Common Crawl and Anthropic occupy the top two operator positions at 85 and 80 sites respectively. The full 12-operator span reflects how rapidly the field of AI crawlers has expanded: from Common Crawl and OpenAI, which were among the earliest active AI-training crawlers, to Mistral at 21 sites — a count that reflects more recent deployment.

For music-specific contexts, the blocking sites in this category are most likely targeting the large training-pipeline operators: Common Crawl, Anthropic, OpenAI, and Meta. Those four represent the pipelines most likely to turn lyric and catalog data into generated music content or music-aware AI responses.

Methodology

US Tech Automations fetched robots.txt files from 260 prominent web domains across 24 categories on June 14, 2026. Each file was parsed against a fixed list of 9 AI crawler user-agent strings drawn from publicly documented bot identities. The snapshot is content-addressed with sha 834f1e2f07af24fd — immutable after the sealing date. Nothing is estimated, modeled, or extrapolated. A site is classified as blocking when it disallows at least one of the 9 tracked bots. Sites returning no file are counted as no-robots and excluded from the block-rate denominator.

The collection steps:

Fetch. Each domain root was queried for its robots.txt. Failures and missing files were recorded and excluded from the blocking-rate calculation.
Parse. Each file was decomposed into user-agent blocks and evaluated for Disallow directives against the 9 tracked AI bots.
Seal. The full dataset was hashed on June 14, 2026, producing sha 834f1e2f07af24fd — content-addressed and verifiable.
Aggregate. All counts were computed from the sealed data with no estimation, rounding, or interpolation.

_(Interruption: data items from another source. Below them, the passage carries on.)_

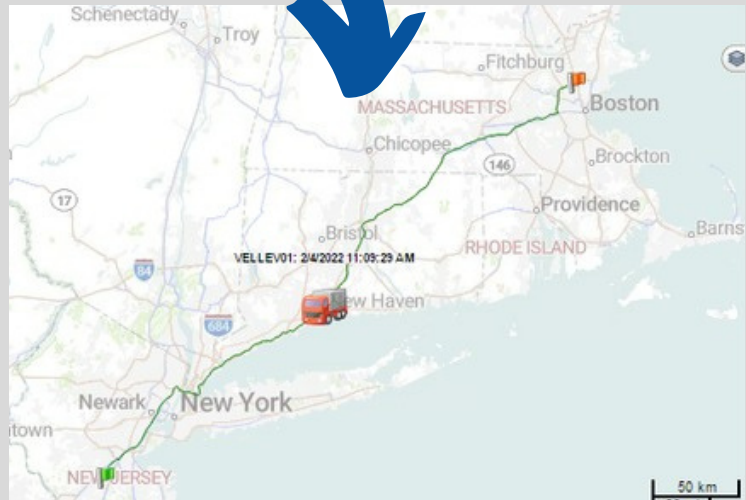

Order ID	Order Type	Order Status	Order Date	Order Time	Order Location	Order Description	Order Quantity	Order Unit	Order Weight	Order Volume	Order Value	Order Currency	Order Tax	Order Total	Order Net Total	Order Gross Total	Order Net Weight	Order Net Volume	Order Net Value	Order Net Total	Order Net Gross Total
1000000001	Standard	Shipped	2022-01-01	10:00	New York	1000000001	1000	kg	1000	1000	1000	USD	1000	1000	1000	1000	1000	1000	1000	1000	1000
1000000002	Standard	Shipped	2022-01-01	10:00	New York	1000000002	1000	kg	1000	1000	1000	USD	1000	1000	1000	1000	1000	1000	1000	1000	1000
1000000003	Standard	Shipped	2022-01-01	10:00	New York	1000000003	1000	kg	1000	1000	1000	USD	1000	1000	1000	1000	1000	1000	1000	1000	1000

Veltri Logistic Transportation Management System

We always take care to ensure we comply with industry standards. We operate with principled integrity.

OUR SERVICES INCLUDE

Load Management

- Designed for Performance and Scalability
- 24/7 Tracking
- Multi-Modal Solutions for your Logistics Needs

Self-Care Solutions

- Real Time Tracking Information
- 24/7 Support

Technological Services

- Robust, Secure TMS Services
- Multiple Data Sharing Options
- On-Demand Reporting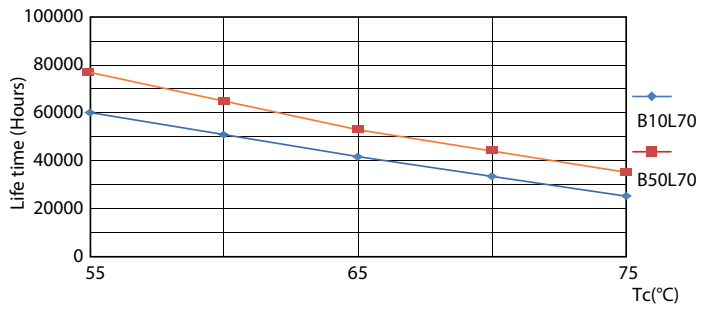

Warnings and Safety

• -

Product data

General information		LLMF at end of nominal lifetime (nom.) 70 %	
Cap base	G13 ROT (Rotating) [Medium Bi-Pin Fluorescent]	Operating and electrical	
EU RoHS compliant	Yes	Input frequency	50 to 60 Hz
Nominal lifetime (nom.)	75000 h	Power (Rated) (Nom)	18.2 W
Switching cycle	200000	Lamp current (max.)	93 mA
	Sphere	Lamp current (min.)	77 mA
Tier	MASTER	Starting time (nom.)	0.5 s
		Warm-up time to 60% light (nom.)	0.5 s
		Power factor (nom.)	0.9
		Voltage (Nom)	220-240 V
Light technical		Temperature	
Colour Code	840 [CCT of 4,000 K]	T-ambient (max.)	45 °C
Technical Beam Angle (Nom)	160 °	T-ambient (min.)	-20 °C
Lamp Luminous Flux 25°C EL (Nom)	3100 lm	T storage (max.)	65 °C
Colour Designation	Cool White (CW)	T storage (min.)	-40 °C
Colour Temperature, horizontal (Nom)	4000 K		
Lamp Luminous Efficacy EM (Nom)	170 lm/W		
Colour consistency	<6		
Colour Rendering Index,horiz (Nom)	80		

General uniform lighting

MASTER LEDtube EM/Mains

Photometric data

Light Distribution Diagram

Lifetime

Lumen Maintenance Diagram

FailureRate

LumenVsTc

Life Expectancy Diagram

MASTER LEDtube EM/Mains

Lifetime

LifetimeVsTc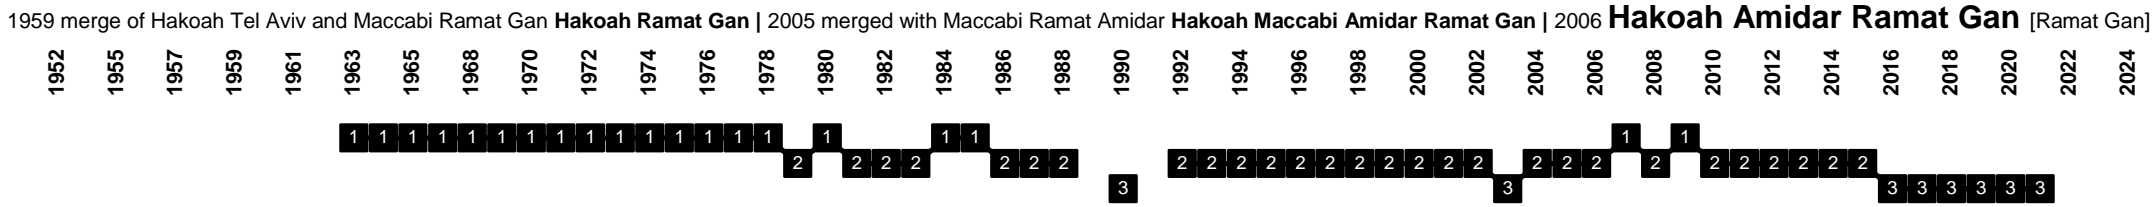

Israel - Divisional Movements

For categories that are tracking policy differently, see our Jobs report and the Nonprofit report for the open-access end of the spectrum.

Frequently Asked Questions

Q: Why does genius.com block AI crawlers specifically?

A: Genius holds licensing agreements for lyric display with labels and publishers. Training an AI on Genius lyric data could produce a system capable of reproducing lyrics at scale, which would compete with or undermine those agreements. robots.txt blocking is the first and lowest-cost layer of policy enforcement for this concern. It is not a guarantee — robots.txt is honor-system only — but it communicates the site operator intent to AI companies that have committed to honoring it.

Q: What does it mean that discogs.com has no robots.txt?

A: In the absence of a robots.txt, the default under the protocol is that all paths are open to all crawlers. Well-behaved AI crawlers should treat the absence of a robots.txt the same as an open one. However, the absence communicates no explicit intent — discogs.com has not made a public statement either for or against AI crawling through its robots.txt. This is different from a site that publishes a robots.txt with no AI disallows, which is an explicit open signal.

Q: Is the 66.7% Music block rate higher or lower than the web average?

A: Higher. The corpus-wide block rate across 223 sites with a parseable robots.txt is 46.6%. Music at 66.7% sits about 20 percentage points above that average. Music is in the same band as Entertainment and Healthcare, and below News and Gaming which are the highest-blocking categories.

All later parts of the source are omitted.